Work instructions: Please write out only the lines from the line with "ORIGINAL KIT PARTS" to the line with "acrylic + aluminum + steel", inclusive, exactly as they stand below, without the pictures.

Provided data:

* * * *

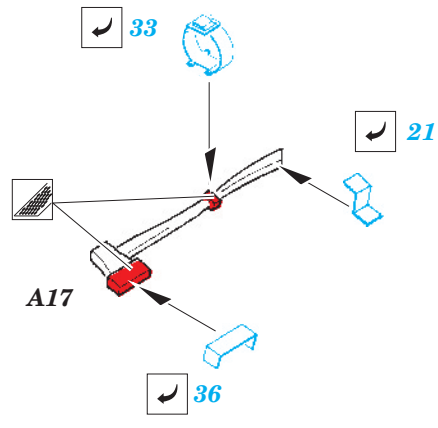

M4 DV

eduard

1/35 scale detail set for DRAGON 6579 kit • sada detailů pro model 1/35 DRAGON 6579

36 119

- ★ APPLY EXPRESS MASK AND PAINT BEFORE GLUING
POUŽIT EXPRESS MASK NABARVIT PŘED SLEPENÍM
- ☉ SYMETRICAL ASSEMBLY
SYMETRICKÁ MONTÁŽ
- ☐ REMOVE
ODSTRANIT
- ☑ BEND
OHNOUT
- ▨ GRIND
OBROUSIT
- ☐ ? OPTION
VOLBA
- ⊘ DRILL HOLE
VRTAT OTVOR
- Ⓜ REPLACE
NAHRADIT

■ ORIGINAL KIT PARTS
PŮVODNÍ DÍLY STAVEBNICE
 ■ PHOTO-ETCHED PARTS
LEPTANÉ DÍLY
 ■ PARTS TO BE REMOVED
DÍLY K ODSTRANĚNÍ
 ■ FILL
TMELIT

✓ 47 (R) MA3

turret

✓ 61

✓ 41

(R) B22

turret

✓ 44

6pcs

ball pen

62

✓ 62

J5 - J8

plastic
Ø 0,9x4,0mm

✓ 39

✓ 19
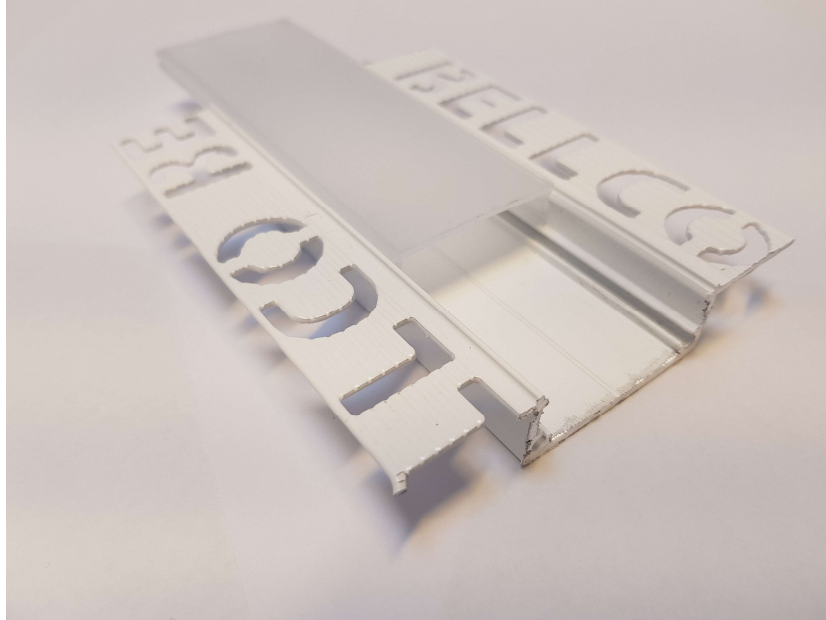

פרופיל נרו 40

מק"ט: LC-40038064

גוף תאורה לבן שקוע לגבס, כיסוי פוליקרבונט ננעץ כקליפס.

הכנפיים מיועדות לשפכטול.

פס לד מתחבר בהדבקה.

מיועד להארה גלויה בחללים פתוחים.
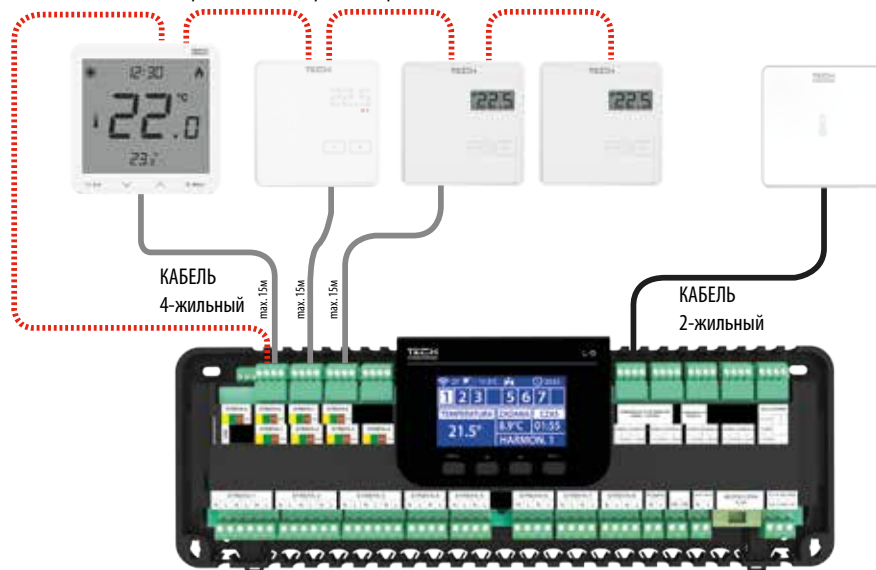

СХЕМА ПОДКЛЮЧЕНИЯ - ДОПОЛНИТЕЛЬНОЕ РАСШИРЕНИЕ

Пример последовательного соединения регуляторов
- требуется регистрация устройств!

МАКС. 4 шт

Произвольный порядок сопряжения
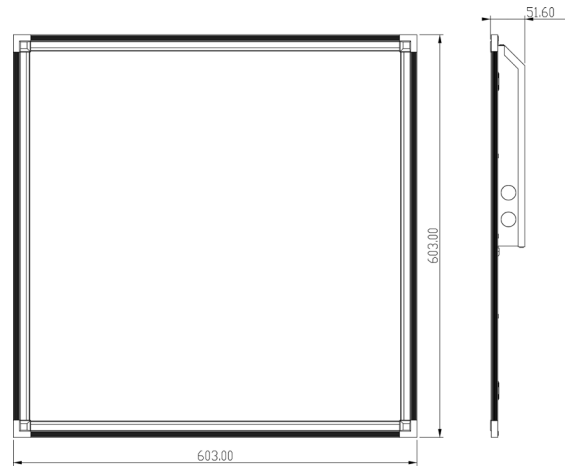

2X2

Lux at a Distance

1 m	1310 lx	2.87 m	2.88 m
2 m	327 lx	5.74 m	5.76 m
3 m	146 lx	8.61 m	8.64 m
4 m	82 lx	11.47 m	11.53 m
5 m	62 lx	14.34 m	14.41 m
6 m	36 lx	17.21 m	17.29 m
7 m	27 lx	20.08 m	20.17 m
8 m	20 lx	22.95 m	23.05 m
9 m	16 lx	25.82 m	25.93 m
10 m	13 lx	28.69 m	28.82 m

Vert. Spread: 110.2 deg. Horiz. Spread: 110.3 deg.

2X4

Lux at a Distance

1 m	1776 lx	2.86 m	2.93 m
2 m	444 lx	5.72 m	5.85 m
3 m	197 lx	8.58 m	8.78 m
4 m	111 lx	11.44 m	11.71 m
5 m	71 lx	14.3 m	14.63 m
6 m	49 lx	17.16 m	17.56 m
7 m	36 lx	20.02 m	20.49 m
8 m	28 lx	22.88 m	23.41 m
9 m	22 lx	25.74 m	26.34 m
10 m	18 lx	28.6 m	29.27 m
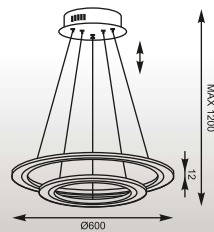

FLAT CIRCLE
Pendant
L-CD-660
LED 60W (5500 LM, 3000 K)
acrylic + aluminum + steel
white body + chrome canopy

FLAT CIRCLE: Pendant L-CD-660
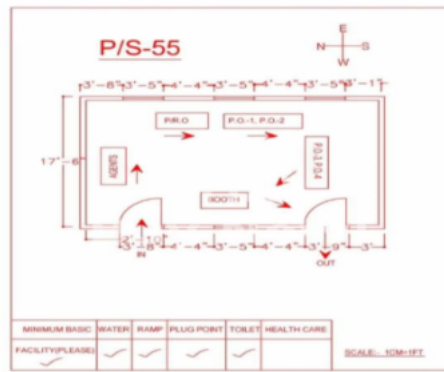

নিৰ্বাচক পঞ্জীয়ন বিষয়াৰ স্বাক্ষৰ

Nazri Naksha

Google Map View

Polling Station Building Front View

ভোটগ্ৰহন কেন্দ্ৰৰ সন্মুখৰ দৃশ্য

Cad View

Key MAP View

1 নাম : নিৰ্মালী দাস পিতাৰ নাম: কুঞ্জ মোহন দাস ঘৰ নং : 00 বয়স : 22 লিঙ্গ : মহিলা	GGY0500223 ফটো উপলব্ধ	2 নাম : প্ৰদীপ ৰাজখোৱা পিতাৰ নাম: যুগেন ৰাজখোৱা ঘৰ নং : 1 বয়স : 65 লিঙ্গ : পুৰুষ	GGY1744576 ফটো উপলব্ধ	3 নাম : মনজ দেৱী ৰাজখোৱা স্বামীৰ নাম: প্ৰদীপ ৰাজখোৱা ঘৰ নং : 1 বয়স : 40 লিঙ্গ : মহিলা	GGY0313254 ফটো উপলব্ধ
4 নাম : দিপালী দাস স্বামীৰ নাম: চন্দন দাস ঘৰ নং : 1 বয়স : 37 লিঙ্গ : মহিলা	GGY0596734 ফটো উপলব্ধ	# 5 নাম : ৰিপনা মজুনদাৰ স্বামীৰ নাম: দৌহিকন দাস ঘৰ নং : 198 বয়স : 36 লিঙ্গ : মহিলা	GGY0614073 ফটো উপলব্ধ	6 নাম : গৌৰৱ কুমাৰ বৰা পিতাৰ নাম: নিপেন চন্দ্ৰ বৰা ঘৰ নং : 1 বয়স : 28 লিঙ্গ : পুৰুষ	GGY0479055 ফটো উপলব্ধ
7 নাম : দিপু দাস পিতাৰ নাম: হৰকান্ত দাস ঘৰ নং : 1 বয়স : 27 লিঙ্গ : পুৰুষ	GGY0598367 ফটো উপলব্ধ	8 নাম : বিজিত দাস পিতাৰ নাম: ক্ষিতেশ্বৰ দাস ঘৰ নং : 1 বয়স : 24 লিঙ্গ : পুৰুষ	GGY0596270 ফটো উপলব্ধ	9 নাম : মিনাক্ষী দাস পিতাৰ নাম: আধান দাস ঘৰ নং : 1 বয়স : 23 লিঙ্গ : মহিলা	GGY0599043 ফটো উপলব্ধ
10 নাম : ধুব জ্যোতি দাস পিতাৰ নাম: সুৰেশ চন্দ্ৰ দাস ঘৰ নং : 1 বয়স : 23 লিঙ্গ : পুৰুষ	GGY0611657 ফটো উপলব্ধ	11 নাম : ৰমণী বিশ্বাস স্বামীৰ নাম: দিপু দাস ঘৰ নং : 01 বয়স : 22 লিঙ্গ : মহিলা	PJK0140475 ফটো উপলব্ধ	12 নাম : অঞ্জলী দাস স্বামীৰ নাম: লক্ষী দাস ঘৰ নং : 2 বয়স : 47 লিঙ্গ : মহিলা	GGY1744587 ফটো উপলব্ধ
13 নাম : বাবুল দাস পিতাৰ নাম: ভকত ৰাম দাস ঘৰ নং : 3 বয়স : 67 লিঙ্গ : পুৰুষ	GGY1744598 ফটো উপলব্ধ	14 নাম : কল্পনা দাস স্বামীৰ নাম: বাবুল দাস ঘৰ নং : 3 বয়স : 62 লিঙ্গ : মহিলা	GGY1744601 ফটো উপলব্ধ	15 নাম : দীপজ্যোতি দাস পিতাৰ নাম: বাবুল দাস ঘৰ নং : 3 বয়স : 28 লিঙ্গ : মহিলা	GGY0381889 ফটো উপলব্ধ
16 নাম : পূৰ্ণানন্দ দাস পিতাৰ নাম: চুটিমন দাস ঘৰ নং : 8 বয়স : 67 লিঙ্গ : পুৰুষ	GGY1744612 ফটো উপলব্ধ	17 নাম : ৰীনা দাস স্বামীৰ নাম: পূৰ্ণানন্দ দাস ঘৰ নং : 8 বয়স : 60 লিঙ্গ : মহিলা	GGY1744623 ফটো উপলব্ধ	18 নাম : কুশল দাস পিতাৰ নাম: চুটিমন দাস ঘৰ নং : 8 বয়স : 60 লিঙ্গ : পুৰুষ	GGY1744634 ফটো উপলব্ধ
19 নাম : মীন বালা দাশ স্বামীৰ নাম: কুশল দাস ঘৰ নং : 8 বয়স : 50 লিঙ্গ : মহিলা	GGY1744645 ফটো উপলব্ধ	20 নাম : আৰতি বৰদলৈ দাস স্বামীৰ নাম: পূৰ্ণানন্দ দাস ঘৰ নং : 4 বয়স : 39 লিঙ্গ : মহিলা	PJK0136978 ফটো উপলব্ধ	21 নাম : ডিম্পী দাস পিতাৰ নাম: পূৰ্ণানন্দ দাস ঘৰ নং : 8 বয়স : 31 লিঙ্গ : মহিলা	GGY1750329 ফটো উপলব্ধ
22 নাম : প্ৰিয়ংকা হাজৰীকা পিতাৰ নাম: পূৰ্ণা নন্দ দাস ঘৰ নং : 8 বয়স : 30 লিঙ্গ : মহিলা	GGY1926972 ফটো উপলব্ধ	23 নাম : অতুল চন্দ্ৰ দাস পিতাৰ নাম: ৰবীন দাস ঘৰ নং : 5 বয়স : 65 লিঙ্গ : পুৰুষ	GGY1744656 ফটো উপলব্ধ	24 নাম : কনকলতা হাজৰীকা দাস স্বামীৰ নাম: অতুল চন্দ্ৰ দাস ঘৰ নং : 5 বয়স : 64 লিঙ্গ : মহিলা	GGY1744667 ফটো উপলব্ধ
25 নাম : মালতী দাস স্বামীৰ নাম: ৰাজেন চন্দ্ৰ দাস ঘৰ নং : 6 বয়স : 52 লিঙ্গ : মহিলা	GGY1744689 ফটো উপলব্ধ	26 নাম : ৰঞ্জিত দাস পিতাৰ নাম: ৰাজেন চন্দ্ৰ দাস ঘৰ নং : 6 বয়স : 31 লিঙ্গ : পুৰুষ	GGY0390526 ফটো উপলব্ধ	27 নাম : ইলাৰাম দাস পিতাৰ নাম: গুলোক দাস ঘৰ নং : 9 বয়স : 62 লিঙ্গ : পুৰুষ	GGY1744690 ফটো উপলব্ধ
28 নাম : মিন দাস স্বামীৰ নাম: ইলাৰাম দাস ঘৰ নং : 9 বয়স : 52 লিঙ্গ : মহিলা	GGY1744703 ফটো উপলব্ধ	29 নাম : পম্পী দাস পিতাৰ নাম: ইলাৰাম দাস ঘৰ নং : 9 বয়স : 31 লিঙ্গ : মহিলা	GGY1927055 ফটো উপলব্ধ	30 নাম : জিপাংকুৰ দাস পিতাৰ নাম: ইলাৰাম দাস ঘৰ নং : 9 বয়স : 27 লিঙ্গ : পুৰুষ	GGY0339465 ফটো উপলব্ধ
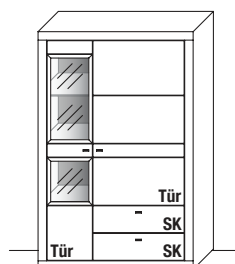

B 108,2 x **H** 166,8 x **T** 42,1 cm
5 Böden/7 Fächer

TYPE 4083 (Holz-Glastür links)

TYPE 4084 (Holz-Glastür rechts)

Wildeiche €

LED-Beleuchtung 4,9 W	Art.-Nr. 9231	€
LED-Trafo (max. 15 W)*	Art.-Nr. 8015	€
Funkdimmer*	Art.-Nr. 8212	€
Mattierter Parsolspiegel-Akzent für Vitrinenausschnitt	Art.-Nr. 493MP	€
Vollauszug für 1 Zarge	Art.-Nr. Z087	je €
Holz Einlegeboden für B 76 cm	Art.-Nr. 0708	je €

* Bitte ausreichend Trafos und Funksteuerungen mitbestellen. Weitere Schaltervarianten finden Sie auf Seite 24.

Weiteres Zubehör wie "durchgehende Lochbohrreihe" oder "Zusatz-Glas-E-Böden" auf Seite 25.
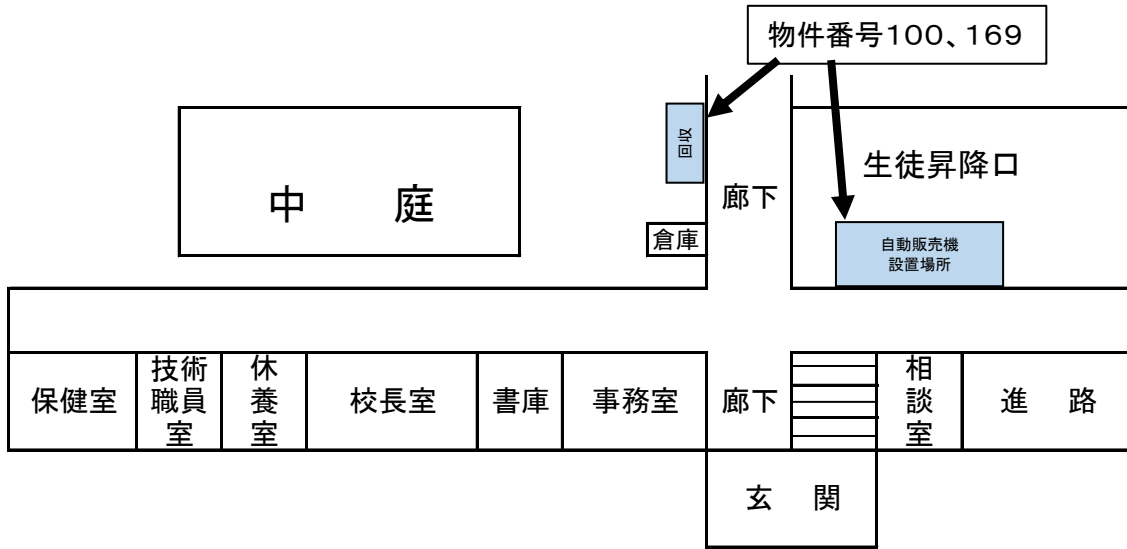

# 物件番号164 京都すばる高校 自動販売機設置平面図

物件番号165～166

運転免許試験場 自動販売機設置図  
(本館1階)

運転免許試験場 自動販売機設置図  
(別館1階)

物件番号167 京都八幡高等学校 南キャンパス

5棟1階

物件番号169 久御山高等学校生徒昇降口付近平面図

物件番号170 京都府立丹後緑風高等学校 平面図

* * * *

Solution:
■ ORIGINAL KIT PARTS
PŮVODNÍ DÍLY STAVEBNICE
 ■ PHOTO-ETCHED PARTS
LEPTANÉ DÍLY
 ■ PARTS TO BE REMOVED
DÍLY K ODSTRANĚNÍ
 ■ FILL
TMELIT

✓ 47 (R) MA3

turret

✓ 61

✓ 41

(R) B22

turret

✓ 44

6pcs

ball pen

62

✓ 62

J5 - J8

plastic
Ø 0,9x4,0mm

✓ 39

✓ 19

פרופיל נרו 40

מק"ט: LC-40038064

גוף תאורה לבן שקוע לגבס, כיסוי פוליקרבונט ננעץ כקליפס.

הכנפיים מיועדות לשפכטול.

פס לד מתחבר בהדבקה.

מיועד להארה גלויה בחללים פתוחים.

СХЕМА ПОДКЛЮЧЕНИЯ - ДОПОЛНИТЕЛЬНОЕ РАСШИРЕНИЕ

Пример последовательного соединения регуляторов
- требуется регистрация устройств!

МАКС. 4 шт

Произвольный порядок сопряжения

2X2

Lux at a Distance

1 m	1310 lx	2.87 m	2.88 m
2 m	327 lx	5.74 m	5.76 m
3 m	146 lx	8.61 m	8.64 m
4 m	82 lx	11.47 m	11.53 m
5 m	62 lx	14.34 m	14.41 m
6 m	36 lx	17.21 m	17.29 m
7 m	27 lx	20.08 m	20.17 m
8 m	20 lx	22.95 m	23.05 m
9 m	16 lx	25.82 m	25.93 m
10 m	13 lx	28.69 m	28.82 m

Vert. Spread: 110.2 deg. Horiz. Spread: 110.3 deg.

2X4

Lux at a Distance

1 m	1776 lx	2.86 m	2.93 m
2 m	444 lx	5.72 m	5.85 m
3 m	197 lx	8.58 m	8.78 m
4 m	111 lx	11.44 m	11.71 m
5 m	71 lx	14.3 m	14.63 m
6 m	49 lx	17.16 m	17.56 m
7 m	36 lx	20.02 m	20.49 m
8 m	28 lx	22.88 m	23.41 m
9 m	22 lx	25.74 m	26.34 m
10 m	18 lx	28.6 m	29.27 m

FLAT CIRCLE
Pendant
L-CD-660
LED 60W (5500 LM, 3000 K)
acrylic + aluminum + steel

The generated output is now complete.